一方、イエメンでサウジアラビアとホーシー派の対立激化を防ぐため、交渉や規範遵守目的のチャンネル、少なくとも危機勃発の際に意思疎通を図る窓口の設置をサウジアラビアとイランに促してはどうか。
最大のリスクは同盟国
各国海軍間の信頼醸成努力を再開する道もある。日米中など21カ国は14年、西太平洋海軍シンポジウムで「海上衝突回避規範」に合意した。だがペルシャ湾では、イラン革命防衛隊の反対のせいでそうした枠組みが実現していない。アメリカは欧州の同盟国やロシアを通じて、イランに再考を迫りたいところだ。
最大のリスクは、アメリカとイランそれぞれの同盟国や代理勢力の行動かもしれない。独自の目的や思惑がある彼らを制御するのは容易ではない。
米政権はイスラエルやサウジアラビアに、イランからの直接攻撃に反撃を行うことは認めるが、アメリカとイランの軍事衝突を招く行動は受け入れないと言明すべきだ。イランも代理勢力に同様の言明をすべきだ(イラク政府は既に国内のシーア派民兵組織に、アメリカによるイラン攻撃を正当化しかねない行動は慎むよう警告している)。

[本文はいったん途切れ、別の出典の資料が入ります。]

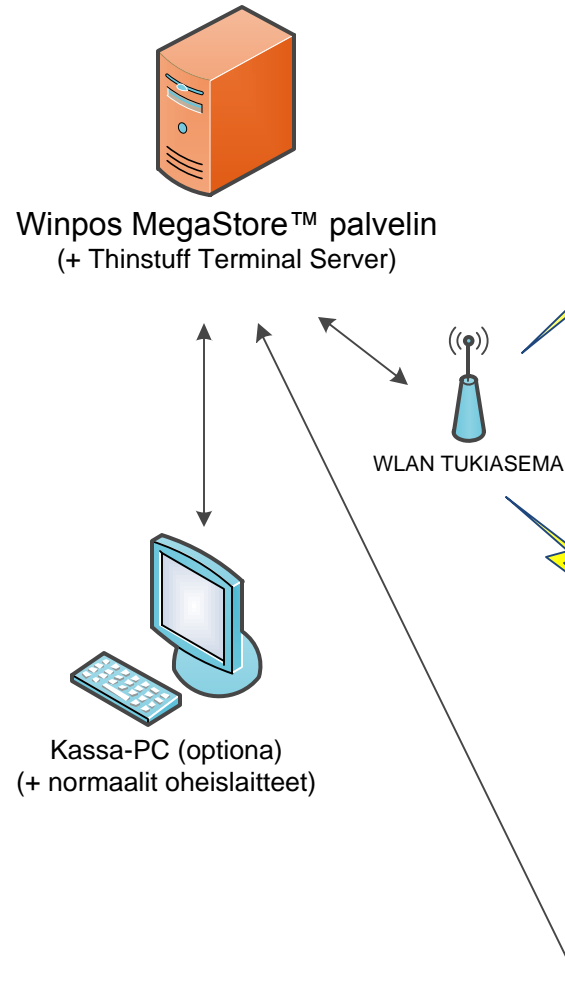

Mobiililaitteet osana kassajärjestelmää

Tilaukset suoraan pöydästä

Mobiili-PC on kassa-PC jota voidaan käyttää telineestä normaalin kassapisteen omaisesti tai langattomasti esim. tilauksen vastaanottamiseen.

iPad-mobiilikassalla voi suorittaa kaiken saman mitä normaalilla kosketusnäytölläkin.

iPad 1 tai 2

360° Grip

PT EM-200

Maksukorttien käyttö pöydässä

Maksupäätteellä poimitaan kassajärjestelmässä päätetty kuittitapahtuma eikä kortilla maksu keskeytä normaalia kassatyöskentelyä.

Päätteitä kannattaa kuitenkin varata useita kiireaikojen varalle.

Maksupäätte # 1

Maksupäätte # 2

Maksupäätte # 3

Tilatut tuotteet esille

Verkkotulostimet sijoitetaan baariin ja keittiöön ja näihin tulostetaan kassapisteiden (ja mobiili-laitteiden) tilaukset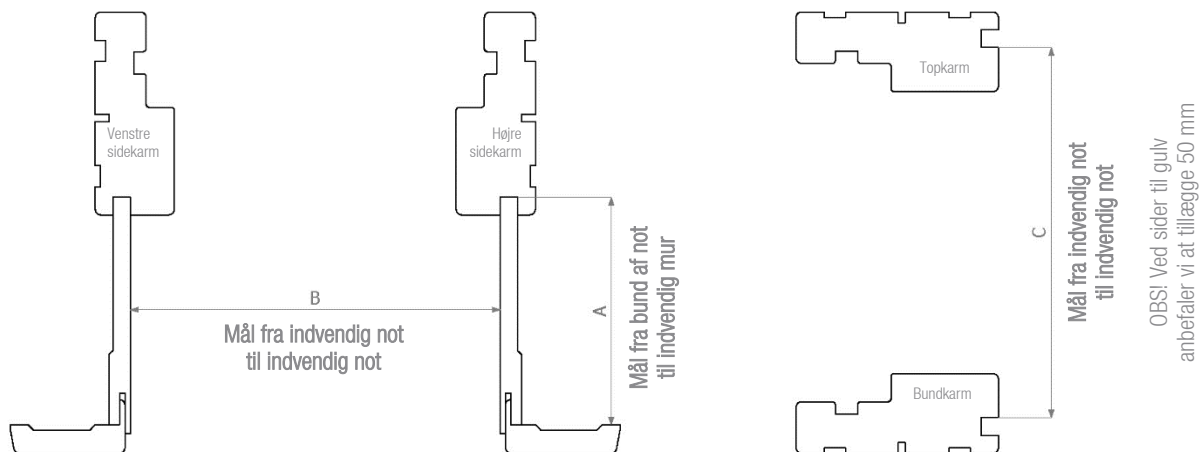

Lysninger

Måltagning i mm

Lysnings type & Gerigt

Standard fer 9,6 x min. 25 mm

Måltagning ved not i vindue

Måltagning med NIC notliste

For lettere montage, anbefaler vi at placere NIC notlisten så den flugter med vinduets yderkarm.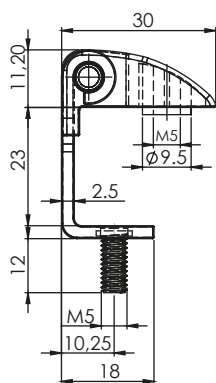

Версия 1

Версия 2

Версия 3

Версия 4

Материал	Версия	Код	Код
		Хром	Черен
Корпус: Стомана	1	331.V1.1	331.V1.2
Крило: ЦАМ	2	331.V2.1	331.V2.2
	3	331.V3.1	331.V3.2
Ос: Стомана	4	331.V4.1	331.V4.2

* Всички размери са в милиметри.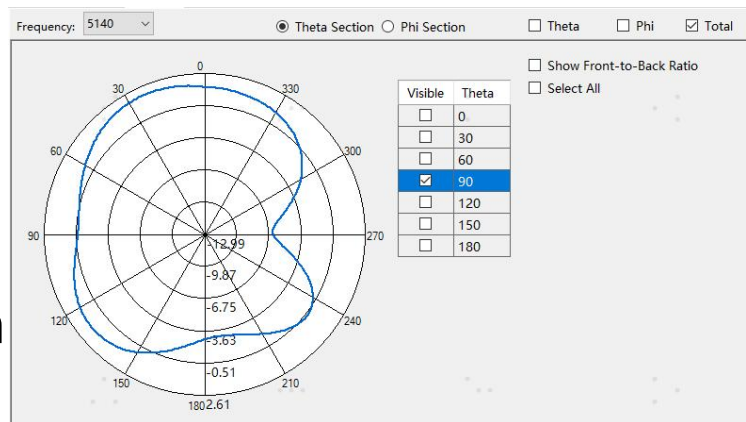

H

Theta Section

Phi Section

WiFi 5G:

L

M

H

Theta Section

Phi Section

WiFi 1

2.4G:

L:-17 M:-18 H:-16

5G:

L:-16 M:-11 H:-10

制造商：青岛华言顺机电科技有限公司

地址：青岛市城阳区夏庄街道彭家台社区书虹路7号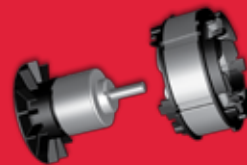

1 BÜRSTENLOSER MOTOR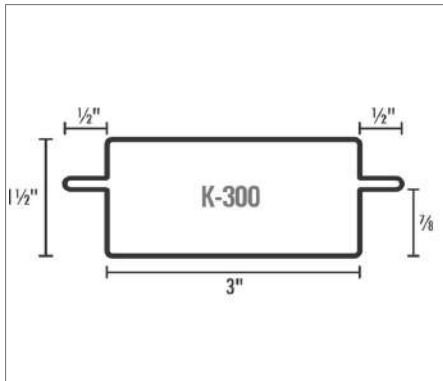

CÓDIGO	DESCRIPCIÓN	UNIDADES
0600627	Perfil K300 Cal 20 bastidor doble 3X6M	1 Pieza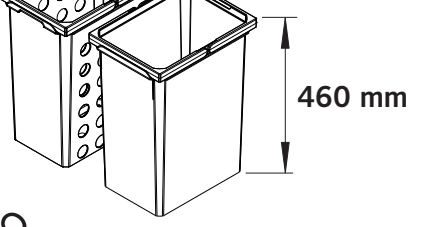

VS ENVI® Space XX Pro

VS WASH® Space XX Pro

C 400 / 450 / 500 / 600 mm

456 mm

64 mm

VS ENVI® Space XX
VS WASH® Space XX

VS ENVI® Space XX Pro
VS WASH® Space XX Pro

Alle Maße sind in mm angegeben. All dimensions are in millimeters.

11 / 2024

44011965_03

VS ENVI® Space XX Pro

VS WASH® Space XX Pro

C 300 mm

2 - 11

Alle Maße sind in mm angegeben. All dimensions are in millimeters.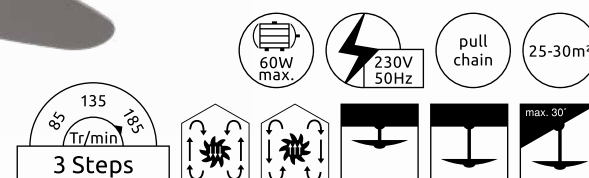

Azura

0308 | excl. 1x E14 60W | VPE: 1 | Ø132cm ▾40,6cm | blades: MDF beech, MDF grey | body: metal chromed, nickel matt, glass opal

Alana

0333 | excl. 2x E14 40W | VPE: 1 | Ø105cm ▾30,5cm | blades: MDF silver, MDF beech | body: metal nickel matt, glass opal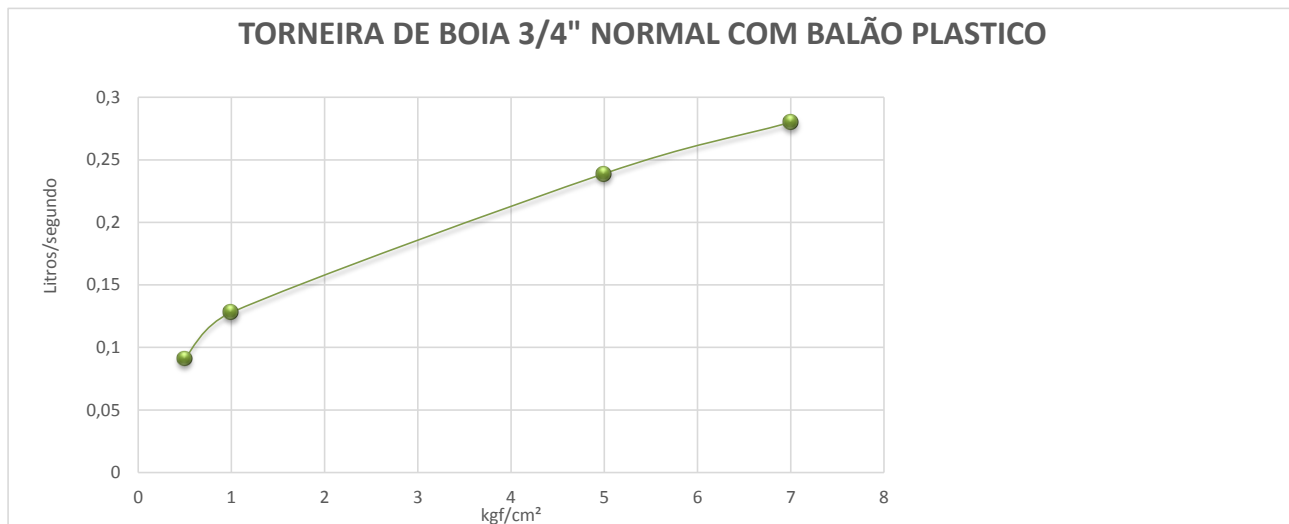

CURVA DE VAZÃO TORNEIRA DE BÓIA

CÓDIGO	TIPO	0,5	1	5	7	kgf/cm ²
11351NPE	TORNEIRA DE BOIA 3/4" NORMAL COM BALÃO PLASTICO	0,091	0,128	0,239	0,280	litros/segundo

METALURGICA GARDEN INDUSTRIA E COMERCIO LTDA

イラン政府は対米戦争を望んではいないはずだ。しかしこれらの衝突防止策に、あるいはアメリカとの交渉にさえ同意するかは見通せない。イランのジャバド・ザリフ外相は先日、緊張緩和に向けた米政権との交渉の「可能性はない」と発言した。
現時点で、偶発的事件がアメリカとイランの武力衝突に発展する危険性は恐ろしく高い。現場レベルでの危機管理・紛争防止措置を講じるのは、イランとの交渉や緊張緩和を実現する上でリスクの低いやり方だろう。トランプが本気で「反戦」を唱えているなら、イランとの衝突回避に向けた議論を今すぐ始めるよう側近に命じるべきだ。